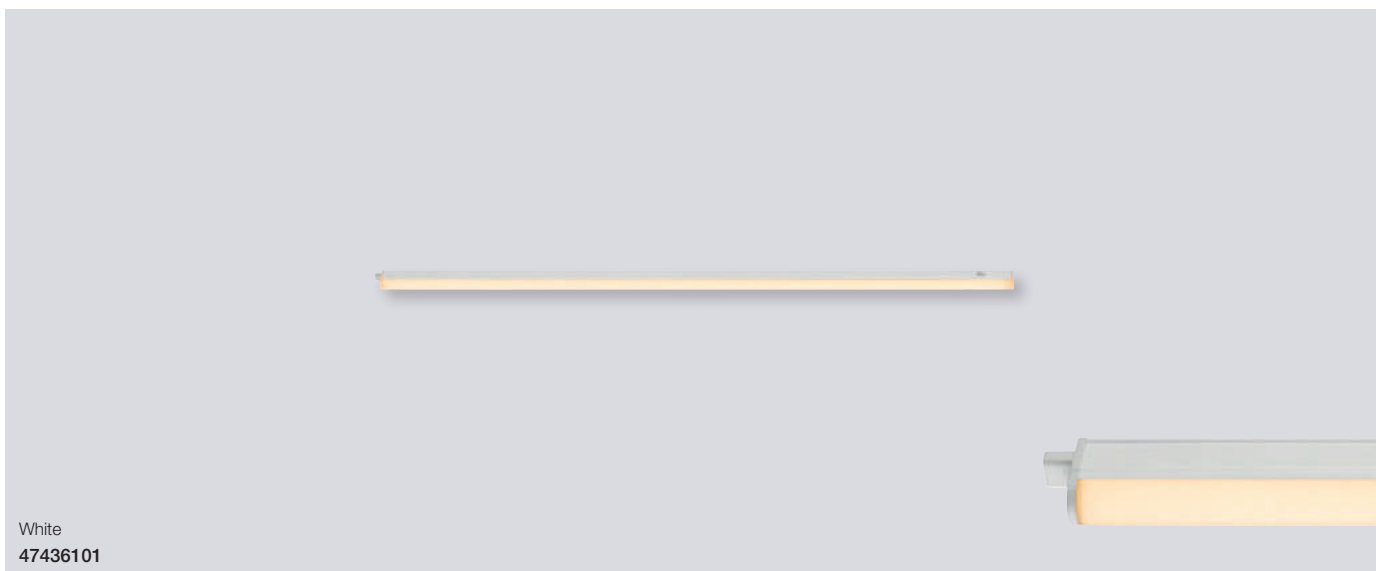

Latona 56,2 9W Under cabinet

Masterbox	Qty 6
Size	W: 2,4 cm, L: 56,2 cm, D: 3,4 cm
Material	Plastic
IP Class	IP20, Class 2
Light source	Fixed LED, Incl. 9W LED, Incl. 2-Step MOODMAKER TM, Lumen 730, Kelvin 3000/4000, Life hours 25.000, RA 80, Beam angle 130°, Not dimmable
Features	2-Step MOODMAKER 3000K/4000K by switch on body, Ideally suited for under cabinet lighting, Parallel connection possible, 5 year LED guarantee
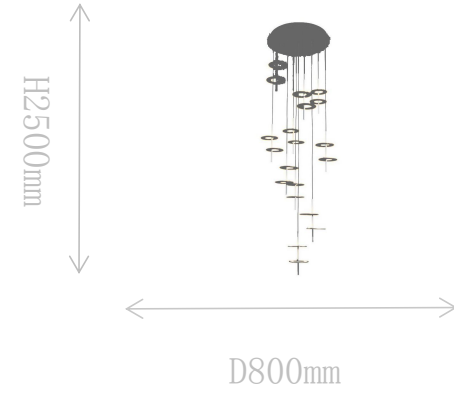

FD2189-20

Pendant Lamp

Material of lamp body: aluminum

Material of shade: aluminum

Bulb: LED*20 PCS
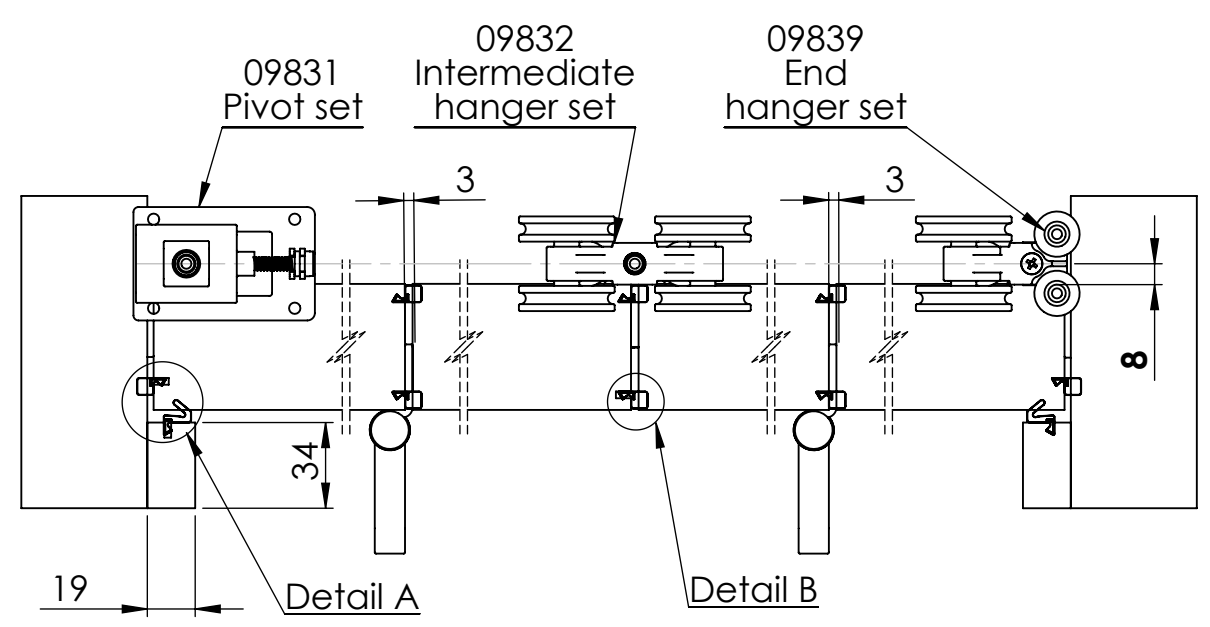

Dreamfold

Maximum door weight 85kg

DH - Door height, maximum door height 3300mm

DWi - Door width, maximum 1000mm

DT - Door thickness between 35mm and 70mm

OW - Opening width

OH - Opening height

Side view

1mm gap each side for movement between 2 different materials. Fill with clear silicon sealant

Top view Scale 1:3

Top view Scale 1:3

Side view with aluminium cill

Alternative aluminium cill threshold by Coburn, comes complete with predrilled holes for drainage

TASK ITEM: Would you show each line of the material above that contains the string "body"?

REPLY:
Features	2-Step MOODMAKER 3000K/4000K by switch on body, Ideally suited for under cabinet lighting, Parallel connection possible, 5 year LED guarantee
Material of lamp body: aluminum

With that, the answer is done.